Saturday, November 24, 2018

RALPH BREAKS THE INTERNET - Disney's Unbroken Streak

It's a testament to Disney's cyclically eternal appeal that they're thought of as the mostly-unquestioned masters of feature animation, even though - from the very beginning of their forays into film - the studio has gone through fallow periods. Only a few years after Snow White, Disney released a financial flop with Fantasia. Their output during much of World War II was relegated to shorts and propaganda films. The studio floundered in the wake of Walt's Death and damn near shuttered their entire animation department for good in the '80s, got mired in direct-to-video garbage in the '90s, and they've apparently abandoned 2D animation in the wake of 2009's The Princess and the Frog.

And yet, they always follow their lean years with a run of highly successful and quality films, and Disney is currently in their longest-running streak of good-to-great animated movies. If there were an obvious choice to buck that trend, the meme-soaked sequel to 2012's Wreck-It Ralph would have been it, but it's not looking like Game Over any time soon.



Following up the original surprisingly touching video game mashup presents one of the most subtlety challenging prospects faced by a studio with a traditionally rocky relationship with sequels. While Pixar managed a near-perfect trilogy in the Toy Story films and this year's Incredibles 2 managed to be joyously refreshing even in today's saturated superhero landscape, the last direct sequel from Disney Animation Studios was 1990's The Rescuers Down Under - which, admit it, you'd probably forgotten about. The original Ralph was about as self-contained as stories get, seemingly using up everything in its conceptual arsenal in favor of four complete character arcs and a richly detailed world. "Where does one go from there?" you may ask.
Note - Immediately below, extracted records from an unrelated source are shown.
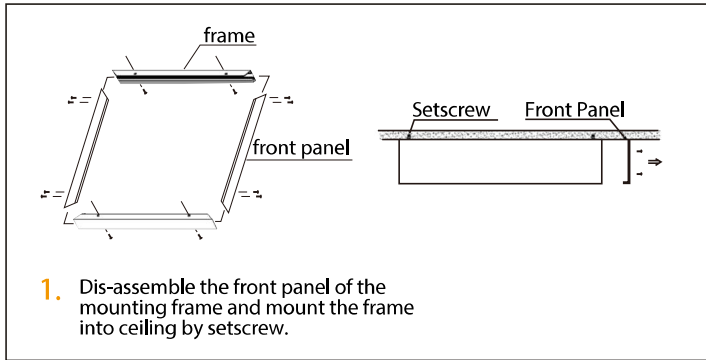

Wall Mount

<p>1. Nailing two plastic expansion screws and other screws into the wall according to the size shown in the illustration</p>	<p>2. Hanging the panel on the finished screws</p>	<p>3. This is the combining drawing for wall and panel, please make the installation according to the installation drawing.</p>	<p>4. Installation finished</p>
---	--	---	---------------------------------

Recessed Mount

<p>1.</p>	<p>2.</p>	<p>3.</p>	<p>4.</p>
<p>5.</p>	<p>6.</p>		

Suspension

<p>sleeve anchor bolt</p>	<p>Steel wire</p>	<p>Steel wire adjustable holder</p>	<p>1. Put the ball end of the steel wire through the hole of the mount bracket of panel</p>	<p>2. Put the other end of the steel wire through the wire holder, and adjust the length of the steel wire.</p> <p>Push to adjust length of wire</p>
<p>3. mount the sleeve anchor bolt into ceiling</p>	<p>4. hang the 4 wire holders to the sleeve anchor bolt</p>			

LEI 2x4' LED Panel Light, 38 watt 4940 Lumen, UL/cUL, DLC

Ceiling Mount

Dimension/Weight

Size	Dimension (A x B mm)	Weight
2X4'	1210x603	11kg (24 lbs)

Wiring Diagram (0-10V Dimmable Panel)

Dimmer Recommended
Lutron LED 0~10V dimmer: DDTV, DVSTCTV which is able to be purchased from most of electricity stores
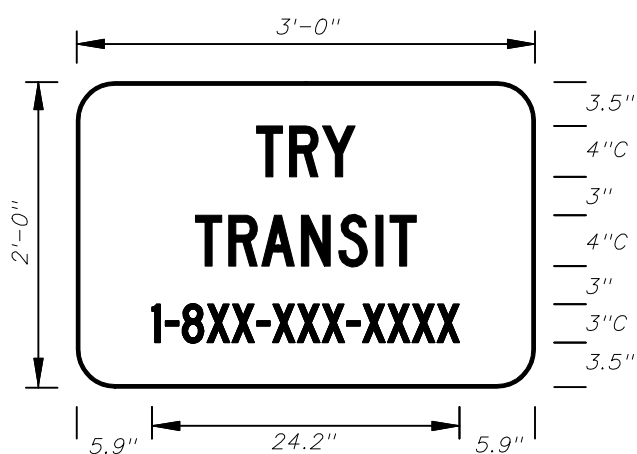

FTP-60-06
3' X 2'
3" Radii
4" and 3" Series C Legend
Blue Background
White Legend and Border

Design Project Manager
or Transit Administrator
will supply correct 1-8XX
number.
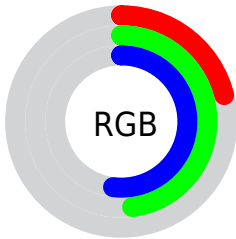

Distribution

- Red (21%)
- Green (48%)
- Blue (52%)

Well, from the film's marketing, you'd be forgiven for thinking "Uh, they go to the internet! Duh." But no, the answer is a film that spends nearly 2 hours talking directly to the parents of its own target audience about how to handle their children growing up and leaving home.

Six years after becoming best friends, Wreck-It Ralph (of fictional arcade game Fix-It Felix Jr.) and Princess Vanellope (of the racer Sugar Rush) spend their days in Litwak's Arcade as avatars in their respective games and their nights hanging out, swapping stories and jokes, visiting other acrade games, and drinking root beer. Ralph, who'd spent nearly 30 years being ostracized because of his day job as a game antagonist, couldn't be happier, but Vanellope is starting to feel the constraints of predictable routine. When her game ends up broken and she and Ralph must take to the internet to secure a pricy accessory to keep her cabinet running, Vanellope treats the sojourn to cyberspace as a welcome adventure into the unknown, while Ralph is eager to get the errand accomplished as quickly and safely as possible so he can go home and things can go back to normal.
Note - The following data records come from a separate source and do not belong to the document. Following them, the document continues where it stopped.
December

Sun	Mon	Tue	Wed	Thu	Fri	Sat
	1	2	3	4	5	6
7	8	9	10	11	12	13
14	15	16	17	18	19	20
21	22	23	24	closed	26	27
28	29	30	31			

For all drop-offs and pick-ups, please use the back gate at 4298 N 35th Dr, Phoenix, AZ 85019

Here is where directors Phil Johnston and Rich Moore lay out the central emotional conflict which neatly threads the needle of driving a potential wedge between the two main characters while avoiding repeating ground that was covered in the original film. Along the way, they run into colorful characters from pop-up adware to search engines to social media algorithms to some very familiar mascots. It's more than enough to become overwhelming, with Vanellope falling in love with an open-world racing game and Ralph becoming a viral video star in a scheme to earn cash for the arcade part forming the backbone of a middle act that is filled absolutely to bursting. One of the best surprises of the first film was how the references were background in a story that had laser-focus on three well-developed locations, and the central concept of the sequel makes that kind of impossible to repeat. The references and sight gags are almost always amusing (with an extended digression at a Disney fan site that's been well-spoiled but still brought down the house), but it is almost enough to over-balance the entire film.
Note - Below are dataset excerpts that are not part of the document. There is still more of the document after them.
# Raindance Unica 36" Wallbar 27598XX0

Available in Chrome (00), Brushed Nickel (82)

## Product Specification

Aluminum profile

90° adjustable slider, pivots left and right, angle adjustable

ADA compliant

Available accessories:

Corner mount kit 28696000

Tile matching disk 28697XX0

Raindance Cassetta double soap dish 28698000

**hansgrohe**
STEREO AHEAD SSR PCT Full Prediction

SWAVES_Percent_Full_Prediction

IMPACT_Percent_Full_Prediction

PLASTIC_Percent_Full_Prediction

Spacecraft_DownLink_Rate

Luckily, where the structure gets messy, the emotional and thematic through-line absolutely soar. There's been hay made of Disney Animation becoming occasionally indistinguishable from Pixar in recent years, and this almost feels like a head-on confrontation with every Sad Dad Stand-In Hero in Pixar's oeuvre. Every paternal cypher who wishes their world would stay trapped in amber, from Woody onward, is distilled into Ralph's emotional resistance to his relationship with Vanellope changing in any way. The film goes out of its way to hammer this point home, setting up a big beat in the final act that feels like a repeat of a similar moment in the first film only to swerve sharply and land a moment that not only plays as a subversion of the usual "Big Busy Action Finale" of so many animated films, but also lands a series of emotional punches that are among the strongest in the studio's recent history.

There's enough "stuff" in Ralph Breaks the Internet that it could be easy to get lost in the weeds, especially in how the film puts the "stuff" at the forefront where its predecessor relegated it largely to side gags or worldbuilding. I rather appreciated minor touches like the potential "coming-out" metaphor related to Gal Gadot's scene-stealing racer Shank, or the way the film slyly argues that metric-chasing cyber-capitalism is ultimately an empty pursuit, and those elements make the sequel's internet gimmick feel more than, well, a gimmick. So, as obnoxious as a couple easy gags might be and as crowded as the narrative gets, going online ultimately feels like the right decision.

I genuinely don't know where the creative team would go if they made a third film, or if we'll be as lucky with Frozen 2 as we were with Ralph 2, but. . . well, being unsure of the future but appreciating the time you have is sort of the point of the proceedings here. So, here's to Disney's longest quality animation streak in history, wherever it happens to go next.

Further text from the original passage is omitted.